Como hijo de Eolo, a Frederick Carlton Lewis la historia, el tiempo y el viento le situaron en el selecto grupo de mejores atletas de todos los tiempos. Entre 1981 y 1991, nadie atravesó la barrera física de la leyenda a mayor velocidad que él y, aquel que lo consiguió fue cazado recurriendo a sustancias dopantes. Sus padres dirigían un club local de atletismo que se convirtió en el túnel del viento para las aerodinámicas líneas físicas de un pequeño que también tuvo inquietudes artísticas. Carl cursó ballet y estudió música, pero acabó desarrollando el don que el Dios del viento había depositado en su genética de atleta. La genética de la familia Lewis, la de su madre, Evelyn, que compitió en Helsinki 1952 en 80 metros vallas, su hermano Cleve, que jugó al fútbol, su otro hermano Mackie, récord de Alabama en 200 yardas, y su hermana Carol, saltadora de longitud. Todos deportistas, pero ninguno como Carl, que desde aquellos trece años en los que comenzó volar, creció portentosamente subido en la vehemente y afilada lengua ventosa de su huracanada leyenda.

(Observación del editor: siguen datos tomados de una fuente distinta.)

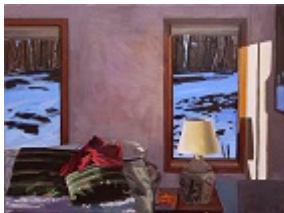

Corn Hill Lot, Truro
Oil on canvas
20" x 30", 2013

*Hillsdale Bedroom
After Bright Snow*
Oil on canvas
30" x 40", 2013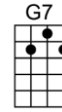

Never thought my heart could be so yearny, why did I decide to roam?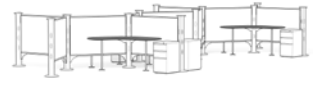

RESOLVE[®] SYSTEM This was designed by people who took their cues from nature. Trees branch out at 120 degrees. So do Resolve work areas. That makes them open and inviting, which is great for helping people work and collaborate.

45 square feet per workstation

Power poles

60" high pole and boundary screens

Boomerang work surface

SUGGESTED PRICE

Shell configuration starts at **\$1,140 USD per workstation**. Please contact your authorized Herman Miller dealer for details.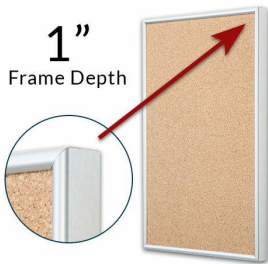

Access Cork Board, 14" x 20" Open Face Classic Metal Framed Cork Bulletin Board

FOR CURRENT PRICING, VISIT THE ID # LISTED ABOVE
FREE SHIPPING

50+ Sizes
Custom Sizes Also Available

Product Details

- Access Cork Board, 14" x 20" Open Face Classic Metal Framed Cork Bulletin Board
- Open Face Metal Framed Cork Board
- Wall Mount Cork Bulletin Board
- Natural Tan Cork Board
- #15 frame Profile (3/8" Wide) borders the message display board
- Classic Picture Frame Style with Rounded Profile Top
- Metal Frame Profile: 3/8" Wide
- Aluminum Frame
- 7 Popular Metal Frame Finishes
- Portrait and Landscape Sizes
- 14"x20" is the Outside Frame Dimension
- Overall Frame Depth: 1"
- Applications: Announcement Board, Message Board, Notice Board
- Use Push Pins, Map Pins or Tacks
- Pin Messages, Menus, Flyers, Photos, Other Info + Announcements
- Optional Fabric Cork Colors | Clear or Multi-Color Pushpins
- Hanging Hardware on the frame back for easy wall or ceiling mount.
- 14 x 20 Access Cork Board, 14" x 20" Open Face Display **for INDOOR use**
- Call for Custom Corkboard Displays - Metal or Wood Framed

Ordering Options

- Fabric Covering over Cork bulletin board (see 6 colors below)
- Hard Plastic Push Pins: Clear or Multi-Color pins (100 per box)

***CUSTOM SIZES AVAILABLE | CALL US**

Model	Cork Board (Overall Frame Size)	Viewable Area	Orientation	Ships Via
OFCORKM-1420	14" x 20"	13 1/4" x 19 1/4"	Portrait or Landscape	FedEx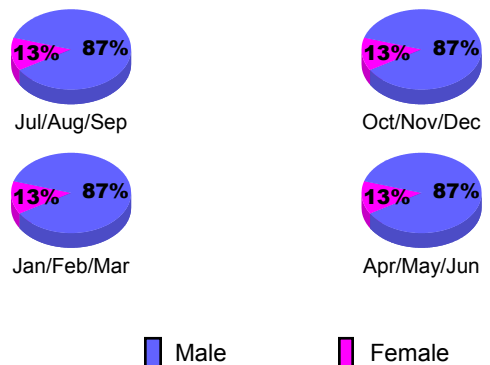

Gender Comparison 2009-2010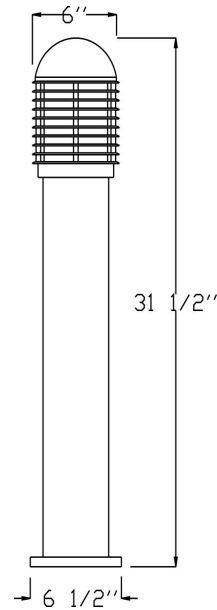

Cat. No.	Finishes	UPC
VPW3	Clear	615624374392

**Catalog#: 8402**  
**32" COMPLETE BOLLARD MEDIUM BASE SOCKET, NO-LAMP**

Category

Line Voltage

Page

[H18](#)

**Features:**

- Material: Cast Aluminum
- Voltage: 120 Volts
- Lamp type: - Medium Base E26 Socket Lamp  
Not Included
- Lens type: Opal Polycarbonate Lens
- HID Ready - Select a [Conversion Kit](#)
- Includes Mounting Hardware and Anchors

Nacido un 1 de julio de 1961 en Birmingham (Alabama) EE. UU., una niñez repleta de sacrificios y pequeñas competencias consigo mismo, le llevaron a saltar cada vez más para conseguir la preciada beca de estudios en la Universidad de Houston. Y es que Carl Lewis, tal y como marcan sus inicios en el atletismo, siempre se consideró a sí mismo como un saltador de longitud, cuya técnica de tres y medio marcó la perfección de la modalidad. Siempre sintió mayor atracción y seguridad en el salto que en la carrera, en la que acabó consolidando su condición de auténtico mito del atletismo, deporte en el que marcó un antes y un después a su llegada. Para Lewis la velocidad era una disciplina extra, Carl siempre tuvo como referente e ídolo de infancia a Jesse Owens, hijo también del viento y Alabama, al que tuvo la oportunidad de conocer y que como él consiguió la hazaña de colgarse a su cuello cuatro medallas de oro en unas Olimpiadas.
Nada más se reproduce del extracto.